===== WORKING DATA

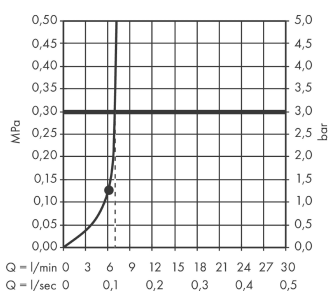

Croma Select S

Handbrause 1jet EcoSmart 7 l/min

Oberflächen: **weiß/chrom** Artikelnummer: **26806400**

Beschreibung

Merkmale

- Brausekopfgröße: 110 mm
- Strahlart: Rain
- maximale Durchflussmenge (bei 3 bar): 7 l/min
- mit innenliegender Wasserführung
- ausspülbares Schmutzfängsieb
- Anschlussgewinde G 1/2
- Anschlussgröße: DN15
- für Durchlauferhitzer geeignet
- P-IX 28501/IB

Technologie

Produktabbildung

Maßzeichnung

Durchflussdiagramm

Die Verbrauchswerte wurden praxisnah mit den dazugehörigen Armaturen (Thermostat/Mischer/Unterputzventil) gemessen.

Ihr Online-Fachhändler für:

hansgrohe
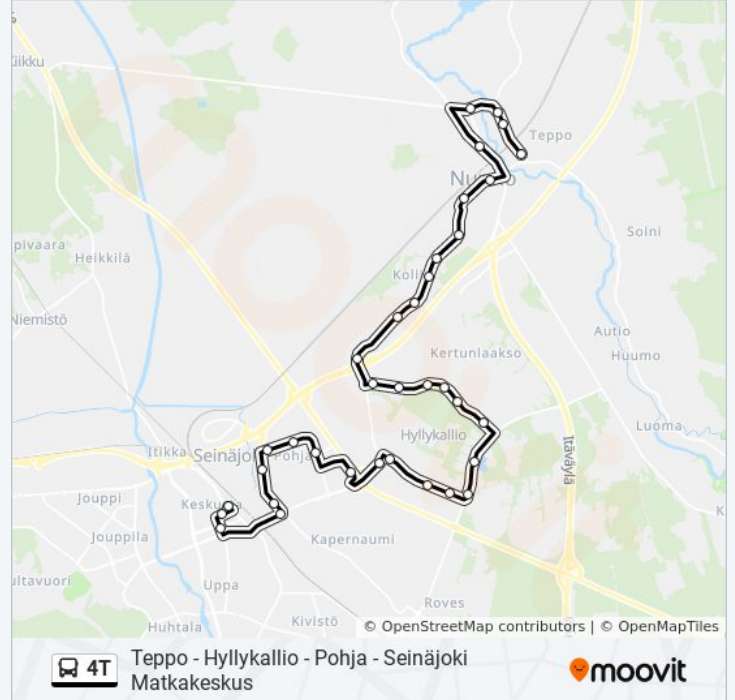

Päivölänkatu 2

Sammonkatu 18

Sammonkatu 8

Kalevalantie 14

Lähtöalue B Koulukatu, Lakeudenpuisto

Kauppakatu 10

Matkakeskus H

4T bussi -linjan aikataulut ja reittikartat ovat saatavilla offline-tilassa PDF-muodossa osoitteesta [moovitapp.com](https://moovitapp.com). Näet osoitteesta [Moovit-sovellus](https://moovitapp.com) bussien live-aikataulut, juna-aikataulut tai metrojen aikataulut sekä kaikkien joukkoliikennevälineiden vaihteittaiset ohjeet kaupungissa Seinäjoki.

==========
===== WORKING DATA

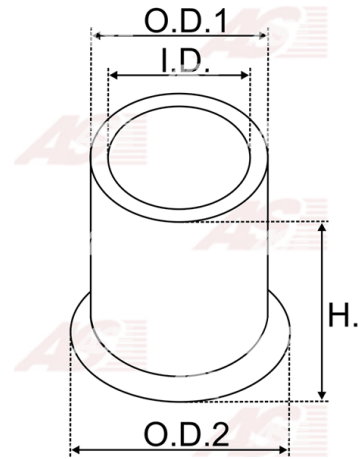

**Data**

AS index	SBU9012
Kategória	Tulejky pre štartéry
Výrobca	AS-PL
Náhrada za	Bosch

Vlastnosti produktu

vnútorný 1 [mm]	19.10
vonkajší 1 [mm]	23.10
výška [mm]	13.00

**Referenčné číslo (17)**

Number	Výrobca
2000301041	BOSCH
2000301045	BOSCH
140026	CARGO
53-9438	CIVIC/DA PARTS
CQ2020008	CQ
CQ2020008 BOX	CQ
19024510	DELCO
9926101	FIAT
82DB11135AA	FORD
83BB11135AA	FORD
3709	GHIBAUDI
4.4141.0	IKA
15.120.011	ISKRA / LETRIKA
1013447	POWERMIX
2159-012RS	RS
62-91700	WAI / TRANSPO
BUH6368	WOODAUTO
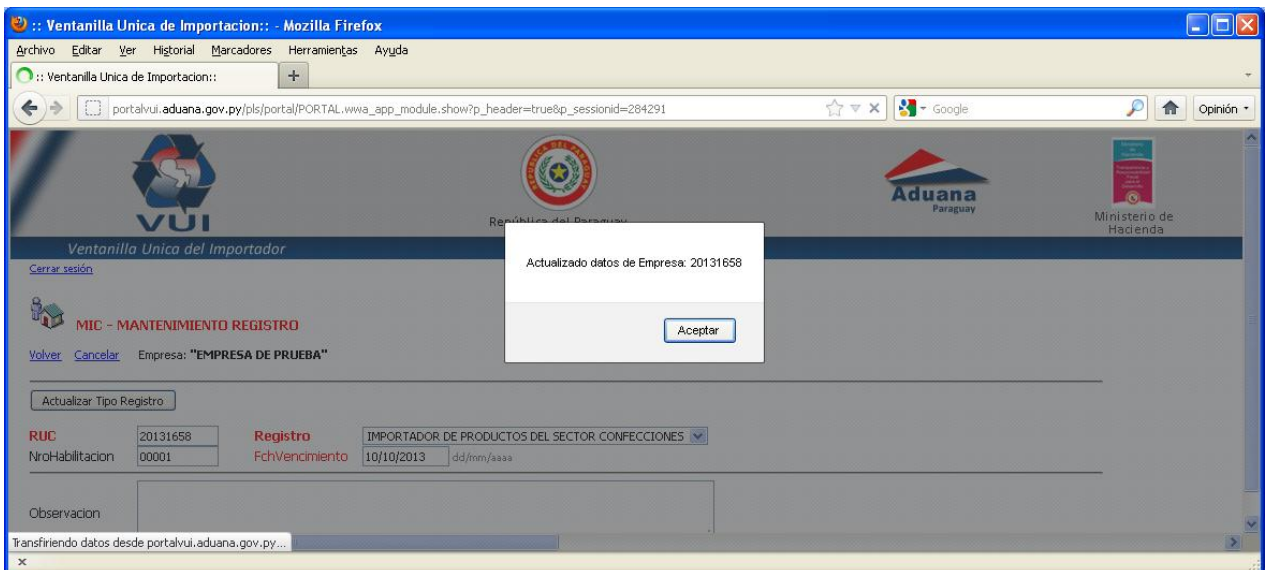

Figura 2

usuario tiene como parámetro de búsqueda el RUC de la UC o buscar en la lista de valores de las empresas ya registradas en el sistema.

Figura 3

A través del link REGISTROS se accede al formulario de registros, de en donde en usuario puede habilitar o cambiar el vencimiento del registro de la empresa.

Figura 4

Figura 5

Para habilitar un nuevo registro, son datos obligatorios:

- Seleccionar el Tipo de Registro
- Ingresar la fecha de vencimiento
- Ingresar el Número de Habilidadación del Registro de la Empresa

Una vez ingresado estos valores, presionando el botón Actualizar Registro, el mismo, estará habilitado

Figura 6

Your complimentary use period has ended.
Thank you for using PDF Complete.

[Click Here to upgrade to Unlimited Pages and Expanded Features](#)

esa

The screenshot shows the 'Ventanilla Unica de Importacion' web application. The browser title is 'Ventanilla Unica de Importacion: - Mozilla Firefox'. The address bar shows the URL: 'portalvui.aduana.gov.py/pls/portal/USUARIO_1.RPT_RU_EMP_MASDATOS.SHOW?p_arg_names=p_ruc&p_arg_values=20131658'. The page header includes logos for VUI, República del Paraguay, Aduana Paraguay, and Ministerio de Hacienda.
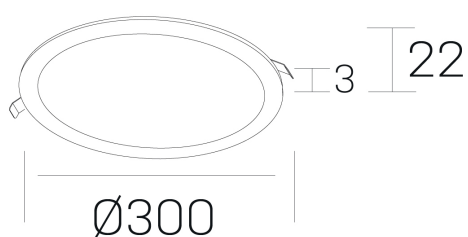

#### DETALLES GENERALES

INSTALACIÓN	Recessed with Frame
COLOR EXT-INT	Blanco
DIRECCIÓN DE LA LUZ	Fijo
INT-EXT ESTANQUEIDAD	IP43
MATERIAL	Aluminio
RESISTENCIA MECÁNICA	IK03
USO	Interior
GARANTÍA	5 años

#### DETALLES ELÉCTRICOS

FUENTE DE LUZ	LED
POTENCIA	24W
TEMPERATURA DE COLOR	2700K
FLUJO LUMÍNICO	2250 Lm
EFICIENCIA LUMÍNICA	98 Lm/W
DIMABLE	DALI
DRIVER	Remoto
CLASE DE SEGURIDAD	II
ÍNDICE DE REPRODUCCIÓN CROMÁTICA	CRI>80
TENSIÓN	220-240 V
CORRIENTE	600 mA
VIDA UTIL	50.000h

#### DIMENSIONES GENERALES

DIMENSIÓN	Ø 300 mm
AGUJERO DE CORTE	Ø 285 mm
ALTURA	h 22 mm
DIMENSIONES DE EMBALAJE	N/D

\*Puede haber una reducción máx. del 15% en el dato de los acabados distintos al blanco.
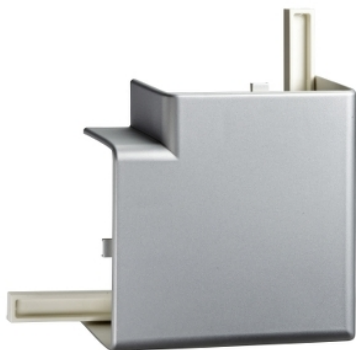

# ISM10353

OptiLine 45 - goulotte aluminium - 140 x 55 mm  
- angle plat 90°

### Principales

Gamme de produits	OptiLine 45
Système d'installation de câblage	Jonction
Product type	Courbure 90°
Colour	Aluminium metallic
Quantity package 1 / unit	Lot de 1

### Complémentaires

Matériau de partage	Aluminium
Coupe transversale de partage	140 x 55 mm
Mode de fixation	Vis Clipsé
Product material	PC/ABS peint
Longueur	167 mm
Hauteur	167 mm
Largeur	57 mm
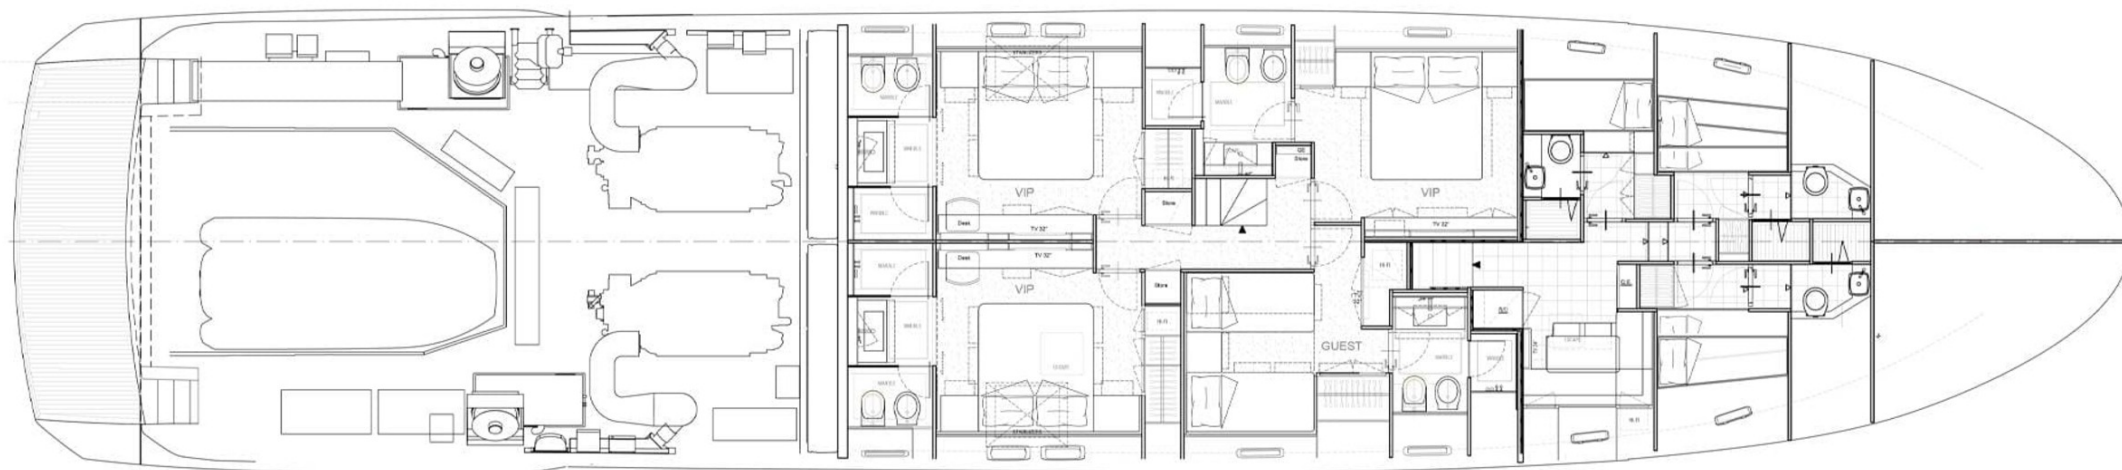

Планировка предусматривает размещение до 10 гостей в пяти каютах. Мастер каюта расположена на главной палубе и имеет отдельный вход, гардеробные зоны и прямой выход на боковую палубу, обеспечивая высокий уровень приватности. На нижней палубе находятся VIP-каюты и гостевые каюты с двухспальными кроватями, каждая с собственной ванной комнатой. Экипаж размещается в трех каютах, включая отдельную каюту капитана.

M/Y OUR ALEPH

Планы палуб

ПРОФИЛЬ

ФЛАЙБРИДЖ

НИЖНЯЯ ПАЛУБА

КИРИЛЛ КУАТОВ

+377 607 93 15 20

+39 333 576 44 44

==========

TASK DESCRIPTION
Now transcribe the lines above exactly, starting at the line containing "Croma Select S" and ending at the line containing "4T bussi -linjan", both lines included, pictures excluded.

SOLUTION BELOW
Croma Select S

Handbrause 1jet EcoSmart 7 l/min

Oberflächen: **weiß/chrom** Artikelnummer: **26806400**

Beschreibung

Merkmale

- Brausekopfgröße: 110 mm
- Strahlart: Rain
- maximale Durchflussmenge (bei 3 bar): 7 l/min
- mit innenliegender Wasserführung
- ausspülbares Schmutzfängsieb
- Anschlussgewinde G 1/2
- Anschlussgröße: DN15
- für Durchlauferhitzer geeignet
- P-IX 28501/IB

Technologie

Produktabbildung

Maßzeichnung

Durchflussdiagramm

Die Verbrauchswerte wurden praxisnah mit den dazugehörigen Armaturen (Thermostat/Mischer/Unterputzventil) gemessen.

Ihr Online-Fachhändler für:

hansgrohe

Päivölänkatu 2

Sammonkatu 18

Sammonkatu 8

Kalevalantie 14

Lähtöalue B Koulukatu, Lakeudenpuisto

Kauppakatu 10

Matkakeskus H

4T bussi -linjan aikataulut ja reittikartat ovat saatavilla offline-tilassa PDF-muodossa osoitteesta [moovitapp.com](https://moovitapp.com). Näet osoitteesta [Moovit-sovellus](https://moovitapp.com) bussien live-aikataulut, juna-aikataulut tai metrojen aikataulut sekä kaikkien joukkoliikennevälineiden vaihteittaiset ohjeet kaupungissa Seinäjoki.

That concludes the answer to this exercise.